5. Rinse and Repeat with every Federal Department.
May '10
Re: Taking the Federal Government Back to 1890
Fred Cole asked an interesting question on the Intel tab: "What would Federal Spending look like on an inflation-adjusted, per capita basis?"
Diane Ellis answered it, and her data shocked and depressed me:
Nov '11
Re: Taking the Federal Government Back to 1890
Ottoman Umpire:
Diane Ellis answered it, and her data shocked and depressed me:
You weren't the only one.
Feb '12
Re: Taking the Federal Government Back to 1890
Start with Article 1 Section 8, see what is and is not enumerated. if not, eliminate. Repeal Davis-Bacon, minimum wage, Dodd-Frank, Wagner Act, Social Security, Medicare, Medicaid, SCHIP, and thousands more like them. Eliminate the U.S. Departments of Agriculture, Commerce, Education, Energy, Health & Human Services, Homeland Security (including FEMA), Housing & Urban Development, 60% of Justice, 90% of Interior, 65% of State, 80% of Transportation.

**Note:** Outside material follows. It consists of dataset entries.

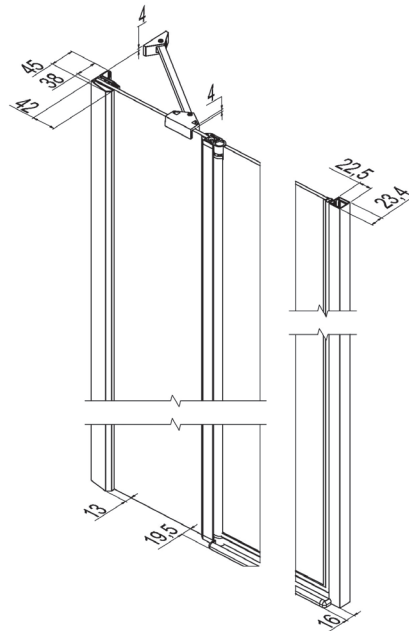

Porta ad un'anta a battente

Paroi de douche pivotante

Shower enclosure with pivot door.

Frontal abatible.

Drehtür

Vleugel deur

Одностворчатая распашная панель

Z [cm]	Cod.	A [cm]	B [cm]	C [cm]	 [dm ³]	 [kg]	 [n°]
65,5-69	B3831	22,1	41,1	40	133	26	1
69-72,5	B3832	23,1	43,6	42	136	28	1
72,5-76	B3833	23,6	46,6	45	139	28	1
76-79,5	B3834	24,6	49,1	48	142	30	1
79,5-83	B3835	24,6	52,6	51	145	32	1
83-86,5	B3836	25,5	55,1	54	148	33	1
86,5-90	B3837	25,5	58,6	57	150	35	1
90-93,5	B3838	29,1	58,6	57	152	36	1
93,5-97	B3840	32,6	58,6	57	157	36	1
97-100,5	B3841	31,2	63,3	62	160	38	1
100,5-104	B3842	34,7	63,3	62	163	38	1
104-107,5	B3843	36,4	65,3	64	166	38	1
107,5-111	B3844	35,8	69,3	68	175	39	1
111-114,5	B3845	39,3	69,3	68	180	41	1
114,5-118	B3846	40,8	71,3	70	193	41	1
118-121,5	B3847	42,3	73,3	72	195	42	1

Prodotti Speciali - Produits Spéciaux - Special products - Productos Especiales - Sonderafertigungen - Maatwerk - Специальные Иродукты

MISURE LIMITE	Altezza max 217 cm.	//	Larghezza max 140 cm.	Larghezza min 60 cm.
MESURES LIMITES	Hauteur max 217 cm.	//	Largeur max 140 cm.	Largeur min 60 cm.
LIMITS OF MEASUREMENTS	Height max 217 cm.	//	Width max 140 cm.	Width min 60 cm.
MEDIDAS LIMITE	Altura max 217 cm.	//	Anchura max 140 cm.	Anchura min 60 cm.
GRENZMAßE	Höhe max 217 cm.	//	Breite max 140 cm.	Breite min 60 cm.
EXTREME MATEN	Hoogte max 217 cm.	//	Breedte max 140 cm.	Breedte min 60 cm.
ПРЕДЕЛЬНЫЕ РАЗМЕРЫ:	Макс. высота 217 см	//	Макс. ширина 140 см	Мин. ширина 60 см

	I								
	II								
	III								

<p>RIC2716</p> <p>2 mt 1x 1x</p>	<p>RIC2353</p> <p>1x</p>	<p>RIC2706</p> <p>1x 3x</p>	<p>RIC2707</p> <p>1x 1x</p>
<p>RIC2708</p> <p>1x</p>	<p>RIC1799</p> <p>6x 4x 6x 4x</p>	<p>RIC2352</p> <p>2 mt</p>	<p>RIC 2747</p> <p>1x</p>
<p>RIC2713</p> <p>1x 1x 1x 1x</p>	<p>RIC863</p> <p>2x 1x 1x</p>	<p>RIC1620</p> <p>2x</p>	<p>RIC1096</p> <p>1x</p>
<p>RIC864</p> <p>1x</p>	<p>RIC2370</p> <p>1x 1x 1x 1x 1x</p>	<p>RIC2715</p> <p>1x (sx) 1x (dx) 2x 2x 3,5 x 32 1x 1x</p>	
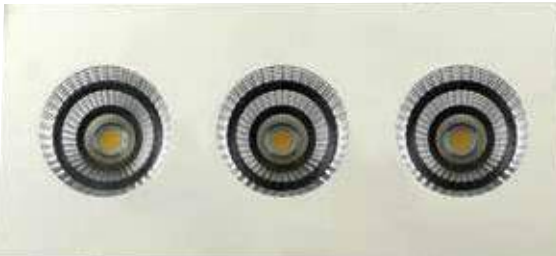

Sıva Altı Sabit Led Spot

- Alüminyum veya metal gövde.
- 150x450 mm. kasa ölçüleri.
- Philips, Osram & Samsung Led.
- Meanwell & Tridonic driver.
- İstenilen RAL kodlarında özel üretim.
- 3x10 - 40 w.
- 2700, 3000, 4000, 6500 K ışık renk seçenekleri.
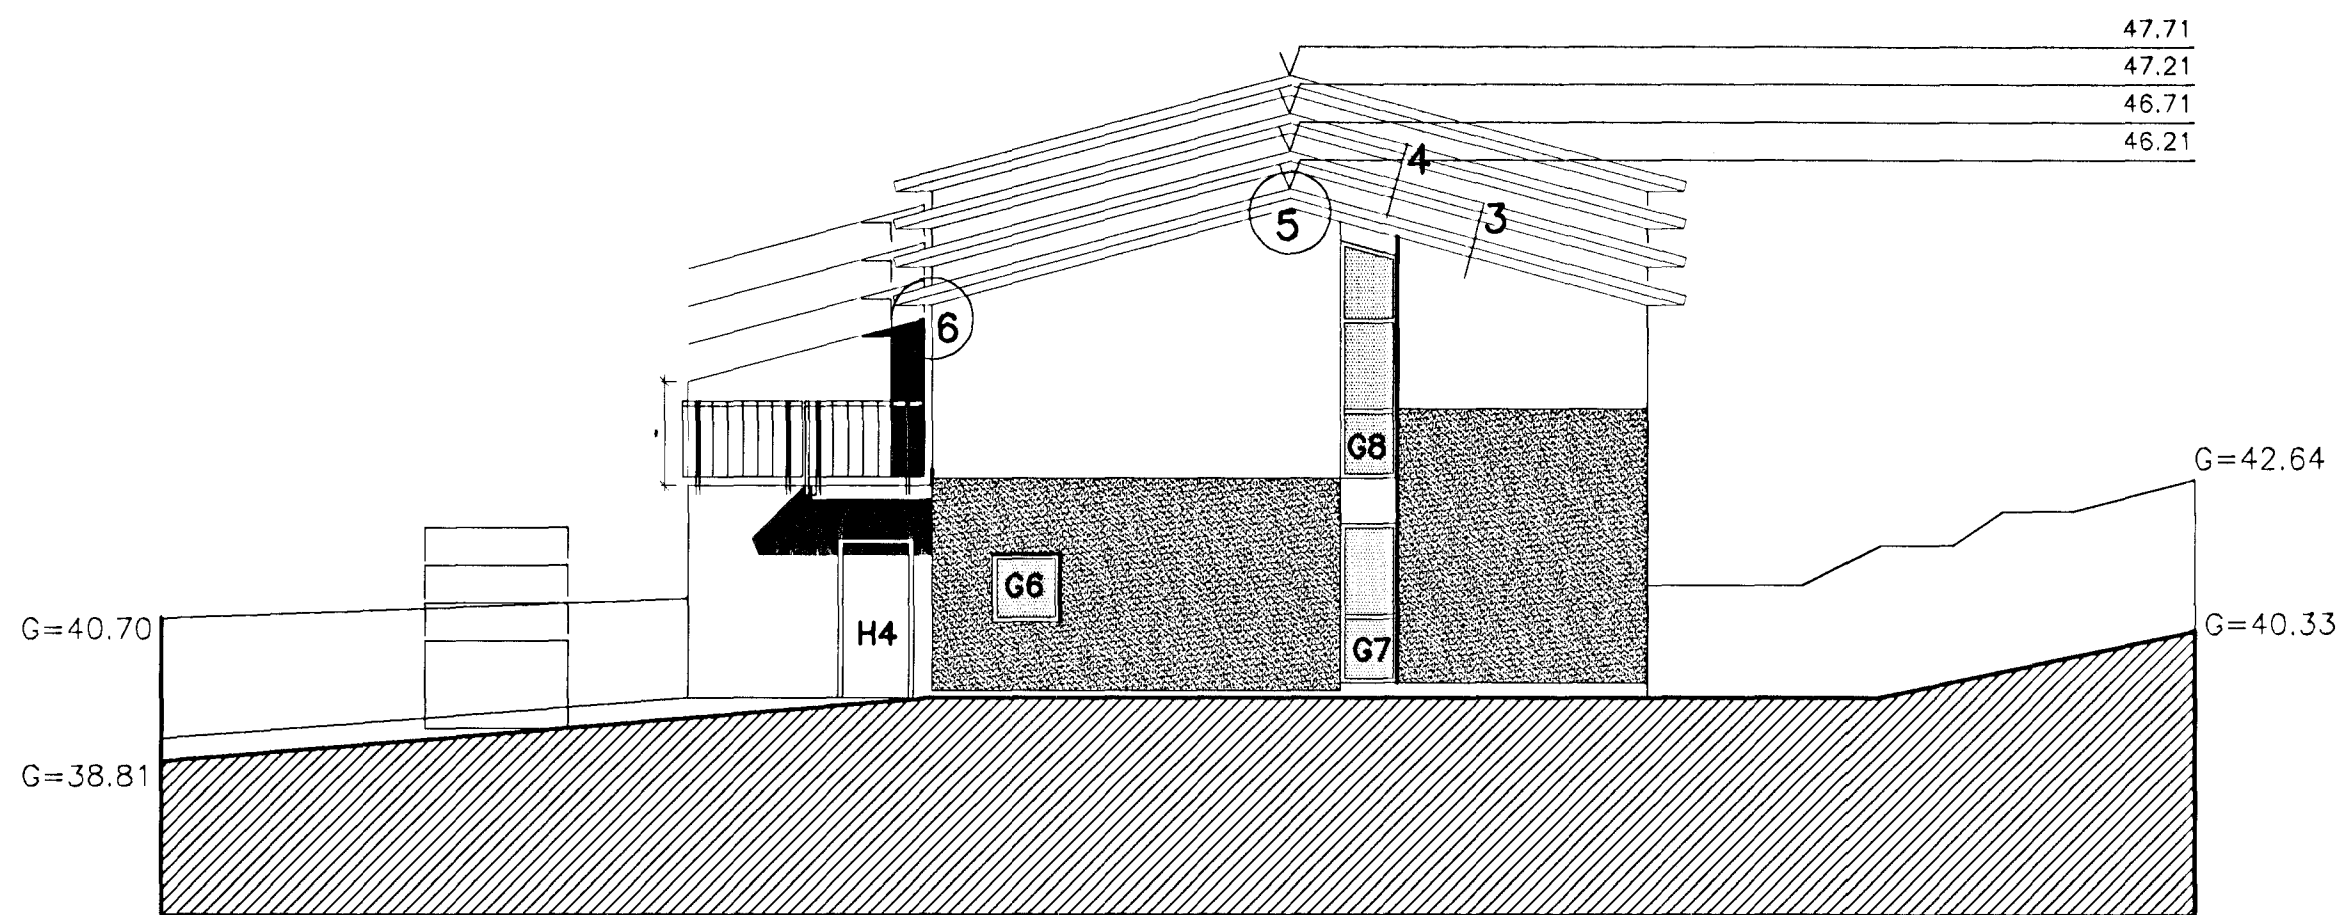

ÚTLIT N-A

ÚTLIT S-A

Byggingatvæðing
 Afgreitt þann
 16 FEB. 2000
 Sigurbjartur Halldórsson

1) BREYTT 05-08-99	
LÓUÁS 10,12,14,16 HAFNARFIRÐI	
GLUGGAYFIRLIT	KVARDI: 1:100
DAGS.: 01-11-99	
HANNAD: K.Á.	TEIKNAD: K.Á. YFIRF.: J.L. STADF. BURDARÞOL
HAFNARÞORG 7 200 HÖRVAUGI SÍMAR 564 1137 OG 564 5244 FAKS 564 4433 alark@alark.com KT: 501193-2409	
ALARK arkitektar sf.	
JAKOB EMIL LINDAL ARKITEKT F.M. KT: 050957-3229 KRISTJAN AGÐERSSON ARKITEKT F.M. KT: 140958-4309	
<i>Kristján Agðer</i> 10.2

Audit administrative-bureaucratic regulations and rules versus the strict "necessary and proper" clause, and repeal both regulations by the millions and agencies by the hundreds.
Just by happenstance that will take government spending back to about 1951, then slightly -- just slightly -- adjusted for population growth.

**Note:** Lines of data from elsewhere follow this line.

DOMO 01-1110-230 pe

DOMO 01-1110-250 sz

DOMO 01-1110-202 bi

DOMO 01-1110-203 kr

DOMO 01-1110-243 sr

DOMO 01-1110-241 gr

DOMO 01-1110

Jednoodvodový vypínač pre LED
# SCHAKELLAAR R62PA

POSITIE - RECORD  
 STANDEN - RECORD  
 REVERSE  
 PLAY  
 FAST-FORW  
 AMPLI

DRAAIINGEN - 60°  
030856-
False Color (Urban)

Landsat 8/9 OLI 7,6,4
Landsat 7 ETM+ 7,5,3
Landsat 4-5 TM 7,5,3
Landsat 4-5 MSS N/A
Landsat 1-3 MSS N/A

In this context the matter of whether the process starts from zero and builds or starts at today and cuts, methinks, is a distinction without a difference.
Apr '11
Re: Taking the Federal Government Back to 1890
genferei:
The SEC's mission is:
Is the SEC doing a billion dollars' worth of good? · 4 hours ago
Over all neither of these two seem that expensive 1 billion together...they account together for less than 1/1000 of the total budget. Without the SEC who would monitor and audit financial institutions to prevent fraud of the Enron and Madoff kind...without over site people can game the system easily by with holding information or just straight up lying to investors. The SEC makes that kind of manipulation harder to do. Its presence gives me confidence that the mutual fund I am giving my money to is on the level. Totally worth 1 billion dollars.
Without the SEC I could never hope to audit a financial institution, myself and even if I tried what would compel them to give me all the information. The SEC can just shutdown their business if they refuse to comply with an audit. All I could do is not give them my money, but so what, I'm not that rich and there are plenty of suckers out there.
Nov '11
Re: Taking the Federal Government Back to 1890
Valiuth
Without the SEC who would monitor and audit financial institutions to prevent fraud of the Enron and Madoff kind...without over site people can game the system easily by with holding information or just straight up lying to investors. The SEC makes that kind of manipulation harder to do. Its presence gives me confidence that the mutual fund I am giving my money to is on the level. Totally worth 1 billion dollars.
Your error is in assuming that
1. A government agency can perform these functions well.
2. If they disappeared nothing would replace them.
Nature abhors a vacuum. In its absence, any vital functions of the SEC would be performed by free market entities.